We also found that the average response rate for those answering by post has decreased significantly after launching the electronic options. In the period 2000 to 2002 the average response rates by the fifthwas 65 per cent. For the period used in the figure on the previous page the average was only 51 per cent. From this, one can conclude that those already replying quickly have chosen to report the answers electronically.

The size of the Internet respondents

There is a constant demand for new data by the users. One way of being able to give the users timely statistics is to estimate figures instead of waiting until the end of the data collection period before publishing the results. To do this one has to be sure that the data available are representative.

In this paper we have not made a full analysis of this. To get an idea whether the data are representative however, we have looked at the share of guest nights the Internet respondents constitute.

The figure on the previous page shows that the share of guest nights reported via the Internet in February 2004 was 32 per cent. In the same month the share of questionnaires reported via the Internet was 23 per cent. The previous months show the same tendency. This means that the Internet respondents are larger in terms of guest nights than the average respondent.

Whether one will be able to produce preliminary figures based on the data from the Internet respondents, cannot be concluded here. We can however conclude that the findings do not exclude this option.

Data quality

The quality of the data is measured by the number and types of warnings per questionnaire. We have three main types of checks. Firstly there are the ones checking for errors or changes in the background data. The second main type is the checks controlling that the questionnaires are fully completed and that the figures given are consistent. Finally there are checks controlling for extreme values.

The time spent on revising the data is believed to be shortened by collecting the data electronically. As described in the section 'IDUN - the web portal' we aim to improve the answers received via the Internet by informing the respondents about possible errors and giving more details about the data asked for. In the figure below the results measured by number and type of warnings are given.
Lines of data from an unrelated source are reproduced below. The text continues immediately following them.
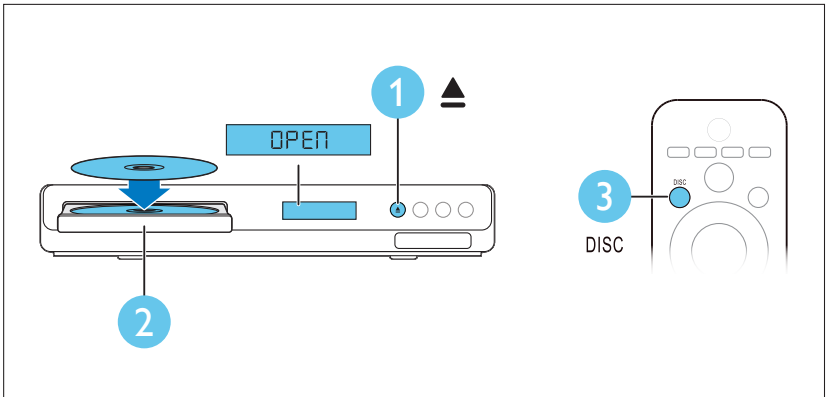

6

EN Use your home theater

ES Uso del sistema de Home Theater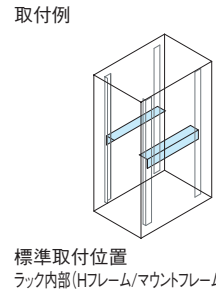

RKO-SASERIES サポートアングル

- ### 特徴
- 19インチパネルマウントだけでは安全に実装できない機器を支える金具です。
 - 機器全体の重量を平均的に支えることができます。
 - 別売の収納棚を取り付けて運用することができます。
 - RKO-□□SA-W□□はJIS規格のキャビネットラックRKCシリーズ等に対して4箇所ねじ止めできる高さ寸法になっています。

構成内容

名称	個数	材質			色・外装処理	
		RKO-□□SA-HA	RKO-□□SA-NF RKO-□□SA-WNF	RKO-□□SA-HF	RKO-□□SA-WHF	RKO-□□SA-W□□
サポートアングル	2	アルミ押出型材	鋼板 t2.0	B2アルマイト	「ブラック」塗装	
付属品	取付用ねじ(M5 8本)					

- ### 注意
- 搭載可能質量は静止状態及びサポートアングル2本へ搭載した場合です。

機種内容

在庫区分	型番					外形寸法(mm)			主要適合棚型番※2	適合ラックシリーズ名 (適合機種サイズmm)※3	質量(kg/2本)								
	棚取付穴有 アルミ製	棚取付穴無 スチール製	棚取付穴有 スチール製	棚取付穴無 スチール製	JIS	W	H	D			HA	NF	HF	WNF	WHF				
標準	RKO-350SA-HA	RKO-350SA-NF	RKO-350SA-HF	RKO-350SA-WNF	RKO-350SA-WHF	44.4	44.4※1	75※1	RAKS-1235□□W	RHS-1238SL-B□□	—	0.4	0.8	0.8	1.2	1.2			
	RKO-450SA-HA	RKO-450SA-NF	RKO-450SA-HF	RKO-450SA-WNF	RKO-450SA-WHF				RAKS-1235□□W	RAKS-1245□□W	RHS-1238SL-B□□	RKC(D450)	RJC(D450)	0.6	1.0	1.0	1.4	1.4	
	RKO-530SA-HA	RKO-530SA-NF	RKO-530SA-HF	RKO-530SA-WNF	RKO-530SA-WHF				RAKS-12□□□□W	RHS-12□□SL-B□□	RKC(D530)	0.6	1.2	1.2	1.8	1.8			
	RKO-630SA-HA	RKO-630SA-NF	RKO-630SA-HF	RKO-630SA-WNF	RKO-630SA-WHF				RAKS-12□□□□W	RHS-12□□SL-B□□	DIG(D630)	RKC(D630)	RJC(D630)	RKD(D800)	0.8	1.6	1.6	2.2	2.2
	RKO-710SA-HA	RKO-710SA-NF	RKO-710SA-HF	RKO-710SA-WNF	RKO-710SA-WHF				RAKS-12□□□□W	RHS-12□□SL-B□□	DIG(D710)	RKC(D710)	RKD(D880)	1.0	1.8	1.8	2.4	2.4	
	RKO-810SA-HA	RKO-810SA-NF	RKO-810SA-HF	RKO-810SA-WNF	RKO-810SA-WHF				RWF2-26□□□□	NPWS-4439-□□	NPWS-4451-□□	RKC(D810)	RKD(D980)	1.0	2.0	2.0	2.8	2.8	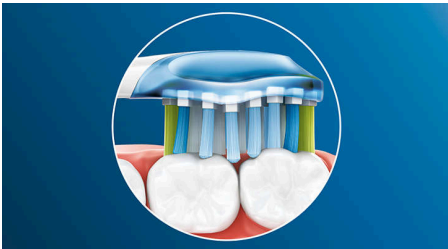

Philips Sonicare'i sügavpuhastus

- Kuni 4x parem pinnakontakt* tagab hõlpsa sügavpuhastuse

Erakordselt tõhus katu eemaldamine

- Eemaldab kuni 10x rohkem hambakattu kui käsihambahari

Esiletõstetud tooted

Jätke hambakatuga hüvasti

Tänu painduvale kujule eemaldab see igemepiiri ja hambavahede puhastamiseks raskesti ligipääsetavatest kohtadest* kuni 10 korda rohkem kattu.

Kohandatav puhastustehnoloogia

Meie kohandatavat puhastustehnoloogiat kasutades saavutate igal harjamisel soovitud puhtuse. Pehmed kummist servad painduvad, võimaldades Premium Plaque Defence'il hammaste ja igemete kuju järgi kohanduda, et harjamine ei oleks liiga jõuline ja et puhastamine oleks veelgi tõhusam. Harjased kohanduvad hammaste ja igemete kuju järgi, tagades raskesti ligipääsetavate kohtade sügavpuhastamiseks tavalise harjapeaga** võrreldes 4 korda suurema pinnakontakti.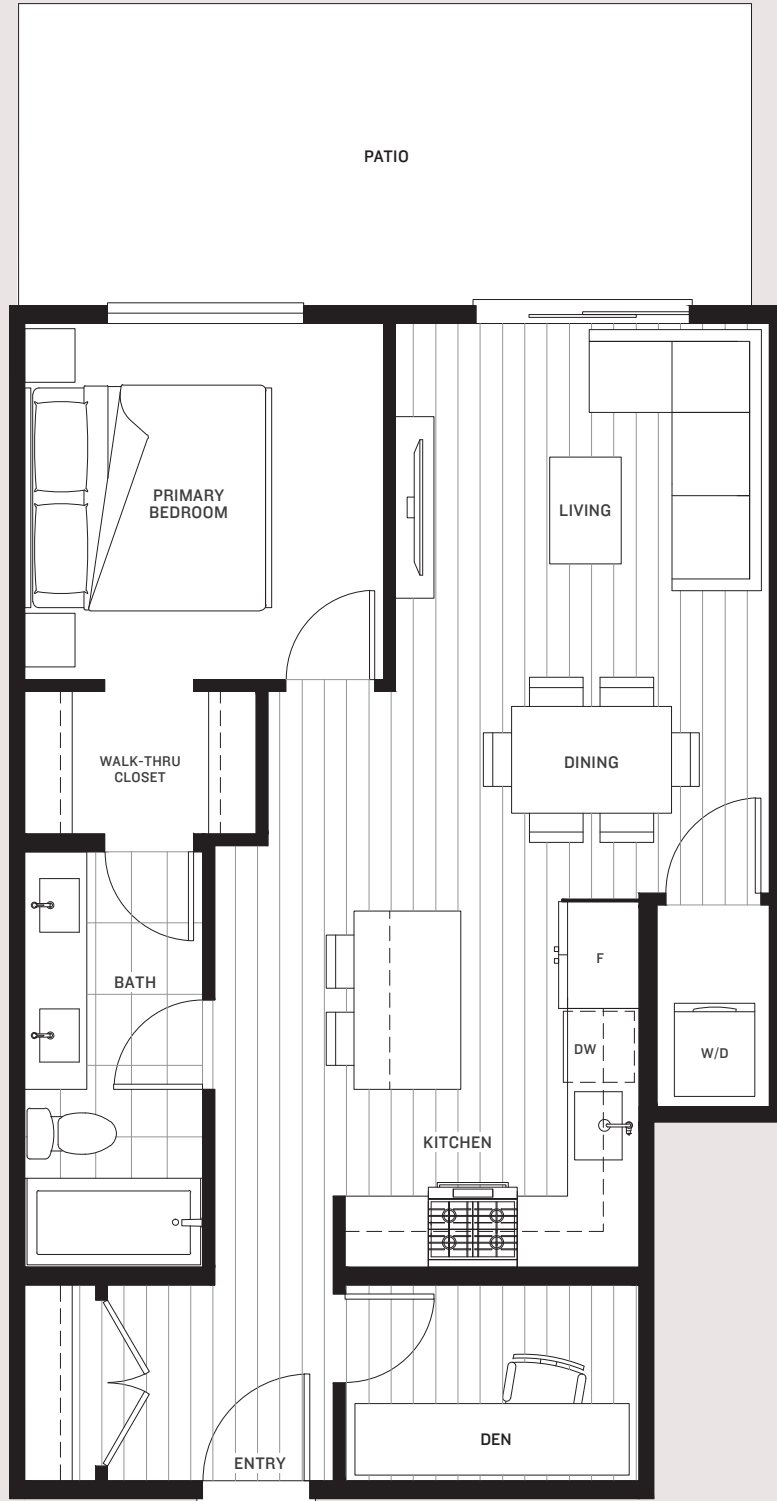

B1 PLAN

1 BEDROOM, DEN + 1 BATH
 693 SQFT

LEVEL I

Share of warnings, all warnings / Share of questionnaires received by mean / Share of warnings for the figures given, all such warnings / Number of warnings, all questionnaires / Number of warnings, all questionnaires with warnings
All / Definitive errors / Possible errors
Booking system / 3,1 / 3,7 / 1,8 / 0,4 / 2,8 / 1,2 / 1,7
Internet / 8,6 / 17,7 / 7,8 / 6,0 / 9 / 0,7 / 1,6
Post / 88,3 / 78,6 / 90,3 / 93,6 / 88,2 / 1,7 / 2,5

Note: All figures are average figures for the period July 2003 to February 2004 inclusive.

In the first two columns one can see that the share of warnings on questionnaires received via the Internet is much lower than those received by post compared with the share of questionnaires received by those means. From this we can conclude that the checks and the information on the Internet have made the respondents report better figures.

This conclusion is further underlined in the last two columns. The average number of warnings on all questionnaires is significantly lower for the Internet questionnaires compared with those received via the booking systems and on paper.

The mid-columns are all warnings not being related to the background data. Definitive errors have to be corrected and possible errors have to be revised, but not necessarily corrected. Here one can see that both electronic modes have improved even further compared with paper questionnaires.

The time spent on revising the data has been reduced as a consequence of this.

Response burden

Most of the hotels collect the required data for internal use. Consequently we only judge the response burden as the time spent on filling in the questionnaire. Whether one does this on paper and posts it afterwards or logs on to the Internet and completes the questionnaire there, it takes approximately the same amount of time. Judging from the feedback from our users, the reporting of the data via the Internet is found to be easier and fun though. The psychological effect does in other words play a positive role.

By end-2004 we will be able to offer statistics on each establishment in return. The establishments can receive this after having logged on to the IDUN web portal. Consequently the establishments will not have to spend time making the calculations themselves. This is also believed to make the response burden feel lower.

Operating the production system

The benefits of the web portal for the respondents and the users are undoubtedly many and positive as illustrated in this paper. Statistics Norway also benefits by using less resources on the collection of paper questionnaires and on revising the data. Many of these resources, however, are spent again updating and operating a more extensive production system. This has not been unproblematic in the initial phase, as the mentioned areas require different skills. Subsequently the manpower situation has been influenced negatively. In the long run this will even out.

Conclusion

Using the Internet to collect data for the hotel statistics has been a success. Statistics Norway receives the data faster and the data quality is higher than for paper questionnaires. In addition the respondents perceive the response burden to be lower than earlier.

On the negative side we have found that the resources saved registering and revising the data now are spent on operating the production system. Consequently we have not gained anything resource-wise yet.

We do also have to be careful making ourselves depending on the Internet answers in for instance respect to the time of dissemination, until the web portal definitively has become stable.

1